Features, Gold, Opinion

Reducing the carbon footprint of gold operations

Gold Road

Gold mining is an energy-intensive and greenhouse gas (GHG) emissions-intensive industry. With climate change risks identified as financial risks and the Paris Agreement’s adoption in 2015, far greater scrutiny is being placed on companies’ GHG emissions and actions to mitigate them to become more environmentally sustainable.

Presently, investment funds (e.g., BlackRock) and sovereign wealth funds (e.g. Norway) are reducing their carbon footprints by minimising their exposure to fossil fuels (e.g. thermal coal).

Funds are pressuring lenders they invest in to have greater transparency of their carbon footprints. Additionally, these funds require the companies they invest in to improve their disclosure of climate risks and their mitigation measures.

It is anticipated that the financial community will broaden its lower emissions emphasis from fossil fuels to other energy-intensive industries in the future, such as the gold industry.

Understanding GHG emissions in gold mining

The reporting of GHG emissions is subdivided into three scopes:

Scope 1 – Direct emissions from sources a company owns or controls (e.g. emissions from on-site electricity generation, mining, processing and smelting to produce gold/dore bars).

Scope 2 – Indirect emissions from the consumption of purchased energy at an operation owned or controlled by a company (e.g. purchase of grid electricity generated by burning coal or natural gas).

Scope 3 – Indirect emissions that occur in the broader economy due to a company’s activities. However, are from sources not owned or controlled by the company, (e.g. emissions from the production of purchased materials and fuels, transportation of goods to the site, flying on commercial planes, and the refining and subsequent use of the gold).

Emissions are reported as a carbon dioxide equivalent (CO2-e), which includes the following greenhouse gases; carbon dioxide (CO2), methane (CH4), nitrous oxide (N2O), sulphur hexafluoride (SF6), hydrofluorocarbons (HFCs) and perfluorocarbons (PFCs).

Most large and mid-size gold mining companies report total Scopes 1 and 2 emissions of their company, with the majority also providing a breakdown for their individual mining operations. Presently very few companies report Scope 3 emissions. Gold mining is different from commodities like iron ore or coal, as most Scope 3 emissions occur upstream from the mine, i.e. emissions from suppliers of goods and services to the mine.

Scope 3 emissions for coal and iron ore are mostly downstream, from combustion and reduction to produce steel, respectively.

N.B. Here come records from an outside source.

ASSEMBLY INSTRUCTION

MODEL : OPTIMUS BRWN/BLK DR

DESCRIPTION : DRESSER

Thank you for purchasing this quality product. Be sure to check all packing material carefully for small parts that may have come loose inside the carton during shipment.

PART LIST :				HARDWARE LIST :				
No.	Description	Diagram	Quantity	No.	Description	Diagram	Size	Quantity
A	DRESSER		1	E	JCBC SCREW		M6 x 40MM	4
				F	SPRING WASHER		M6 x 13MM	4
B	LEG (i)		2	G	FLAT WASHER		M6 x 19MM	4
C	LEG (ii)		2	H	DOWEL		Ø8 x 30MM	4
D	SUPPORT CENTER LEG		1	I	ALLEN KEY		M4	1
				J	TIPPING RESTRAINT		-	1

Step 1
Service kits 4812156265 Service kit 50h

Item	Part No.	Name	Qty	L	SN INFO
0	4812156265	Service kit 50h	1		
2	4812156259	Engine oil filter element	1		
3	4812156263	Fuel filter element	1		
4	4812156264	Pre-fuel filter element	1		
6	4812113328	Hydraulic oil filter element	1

Also, generally, a GHG emissions intensity is reported to measure performance year on year. There are two commonly used emissions intensities in gold mining: the GHG emissions per tonne of ore processed; and the GHG emissions per gold ounce produced.

The emissions intensity per ounce of gold produced is best for comparing companies or mines in the form of a GHG emissions intensity curve. The key drivers of the emissions intensity per gold ounce produced are the mines energy source, the type of mine whether open pit or underground, the gold grade of the ore and depth of mine.

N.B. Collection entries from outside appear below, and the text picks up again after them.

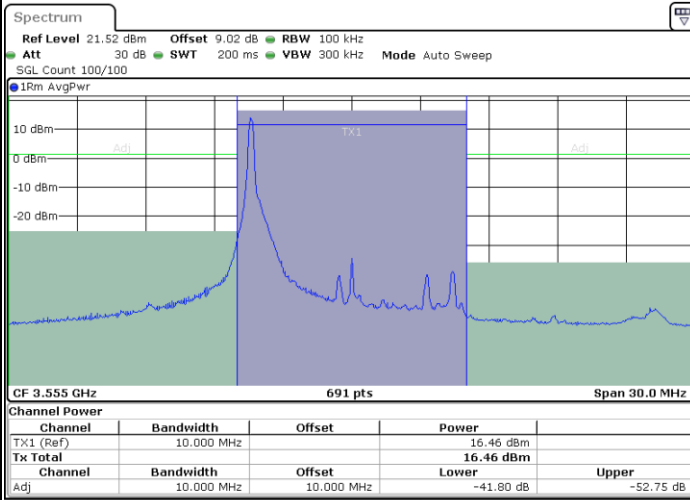

LTE Band 48 / 10MHz

256QAM

Lowest Channel / 1RB0

Lowest Channel / 1RBmax

Date: 13.MAY.2022 03:24:32
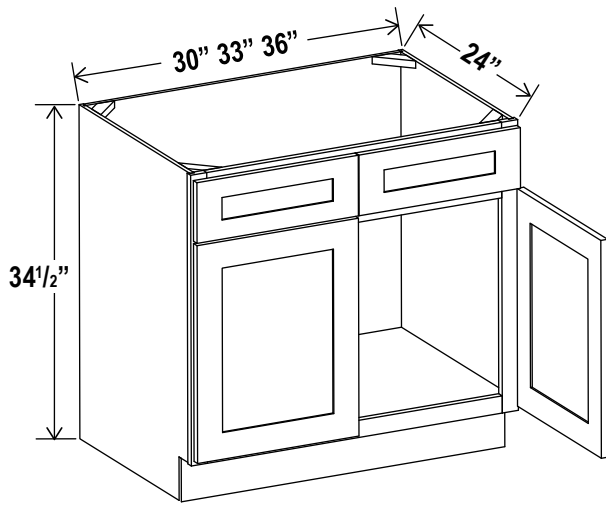

Base Cabinets

Base Cabinet Specifications

Sink Base

Item Code		W	H	D
SB30	Cabinet	30	34 1/2	24
	Door	14 3/4	22 1/2	3/4
	Drawer	14 3/4	6 1/4	3/4
SB33	Cabinet	33	34 1/2	24
	Door	16 1/4	22 1/2	3/4
	Drawer	16 1/4	6 1/4	3/4
SB36	Cabinet	36	34 1/2	24
	Door	17 3/4	22 1/2	3/4
	Drawer	17 3/4	6 1/4	3/4

Two dummy drawers
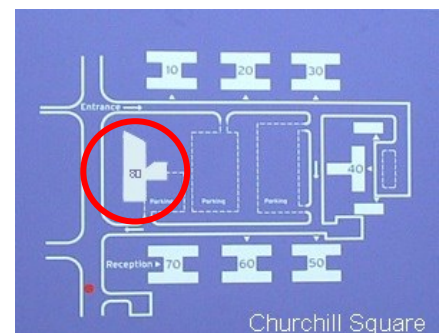

www.capitalspace.co.uk

80 Churchill Square Business Centre

Ground Floor—Suite 6
29sq m (316 sq ft)*

Additional Information

We are happy to provide further details and answer any questions. Please contact our Centre Manager on 01732 523415.
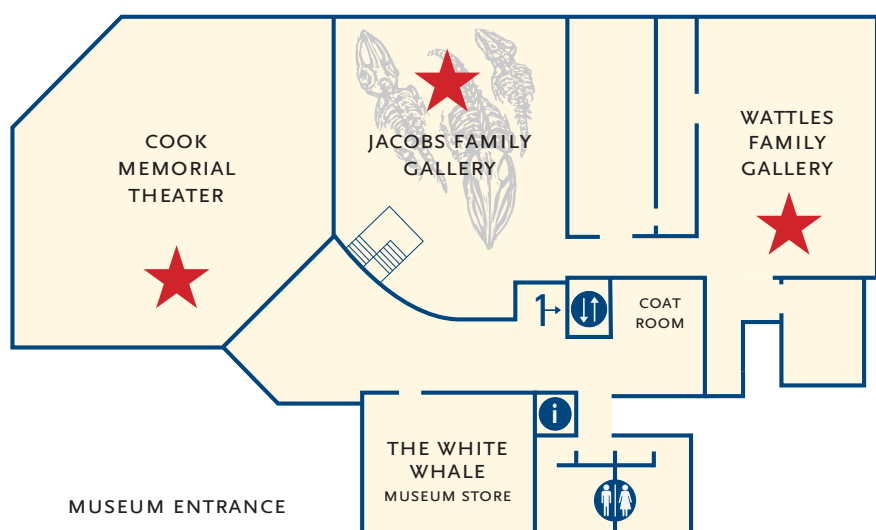

## MAIN LEVEL (ML) ACTIVITIES

- Seamen's Bethel:**
- **Sat. 1:30 – 2:30 pm** Father Mapple's Sermon  
Must reserve a seat in advance.
- Nye Lubricants Learning Lab/Snack Room:**
- Refreshments available for purchase at all times
  - **Sat. 5 pm** Cousin Hosea's Chowder Hall
  - Call me Ishmael phones  
Listen to stories from your fellow Melville aficionados on our *Call me Ishmael* phones

## LOWER LEVEL (LL) ACTIVITIES

- Cook Memorial Theater: Saturday**
- **10 am** Stump the Scholars
  - **11:30 am – 6:00 pm** Watch the marathon via livestream on the big screen
  - **8 pm** Culture\*Park presents *Midnight on the Fo'c'sle*
- Wattles Family Gallery: Saturday**
- **Sat. 2:30 pm** Chat with Melville Scholars
  - **Sat. 4 pm** Book Signing and Talk by Kenneth R. Martin, editor of *Around the World in Search of Whales: A Journal of the Lucy Ann Voyage*
  - **Sun. 9:30 am** Chat with Melville Scholars
- Jacobs Family Gallery: Saturday**
- Toast the *Moby-Dick* Marathon's 21st Birthday with the Pour Farm
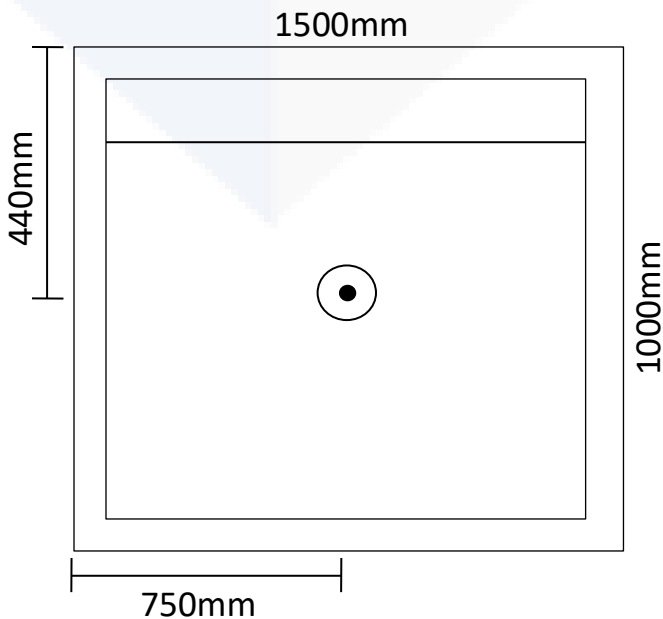

Showers Cubicles

1500 x 1000 x 1900 (Centre Waste)

Transportable Homes
 Staff Showers
 Renovations
 Shed Showers
 Ablutions
 Pool Showers

Note: Drawings are a guide only.
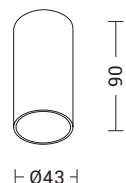

Finiture Finishes

B

N

OR

TI
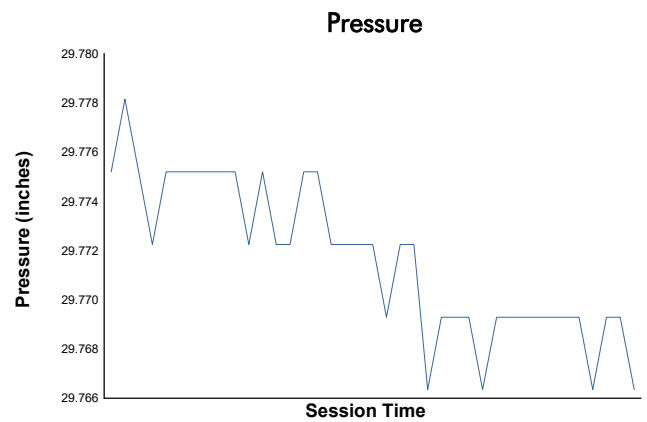

## Practice 1 Weather Report

Track Status: **DRY**

The emissions intensity per tonne of ore processed is useful for assessing absolute changes in GHG emissions at a mine with steady-state production. However, it is not useful for comparisons between mines unless they have the same nameplate processing capacity.

Relationships between GHG emissions and physical gold mining parameters

A recent study investigated the relationships between GHG emissions, gold grade, energy source, mine type and production costs (AISC – all-in sustaining costs) in Australian gold mines (Ulrich et al. 2020).

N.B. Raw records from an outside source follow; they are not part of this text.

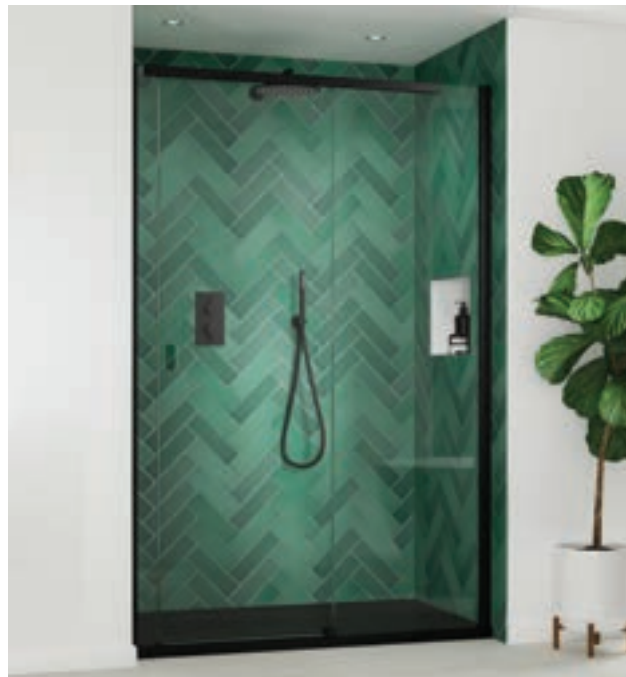

Pinnacle 8 Chrome & Black

Shower Enclosures

- 2000mm High
- 8mm Toughened Safety Glass
- 20mm Wall Profile Adjustment
- Lifeshield™ Glass Protection
- Easy Installation
- Concealed Fixings Throughout

Sliding Recess Doors

Size (mm)	Adjustment (mm)	Access (mm)	CHROME		MATT BLACK	
			Code	Inc VAT	Code	Inc VAT
1000	965-1005	375-395	FB02122	£1065.31	FB10073	£1119.48
1100	1065-1105	375-395	FB02123	£1113.47	FB10074	£1167.64
1200	1165-1205	475-495	FB02124	£1149.58	FB10075	£1207.36
1400	1365-1405	575-595	FB02125	£1233.85	FB10076	£1294.03
1500	1465-1505	575-595	FB02126	£1282.00	FB10077	£1342.18
1600	1565-1605	575-595	FB02127	£1330.15	FB10078	£1390.33
1700	1665-1705	575-595	FB02128	£1366.26	FB10079	£1426.44
1800	1765-1805	575-595	FB02129	£1408.39	FB10080	£1468.57

PINNACLE 8 • Sliding Recessed Enclosure • Black

Extras

Size (mm)	Description	CHROME		MATT BLACK	
		Code	Inc VAT	Code	Inc VAT
220	Angled Stabilising Bracket 1100 - 1400mm*	FB02076	£119.17	FB10092	£125.20
320	Angled Stabilising Bracket 1500+*	FB02077	£150.47	FB10093	£158.89
-	Retro Fit Handle	FB02075	£77.04	FB10094	£77.04
10	Extension Post	FB02090	£63.80	FB10091	£67.42

*Angled Stabilising Bracket can be retro fitted

Shower Enclosures

There is a strong relationship between the gold grade of the ore processed and GHG emissions intensity per ounce of gold produced. The higher the gold grade, the lower the GHG emissions intensity (and vice-versa) and the lower the AISC.

The data also broadly grouped based on the type of mine whether open pit, underground or was an operation that sourced ore from both open pit and underground. They had reasonably distinct footprints.

On average, open pit mines have the highest GHG emissions intensity and lowest AISC. Mines that source ore from both open pit and underground sources had the highest costs, but lower GHG emissions intensity.

Underground mines have the lowest GHG emissions intensity and costs lower than mines that source ore from both open pit and underground but higher than open pit mines.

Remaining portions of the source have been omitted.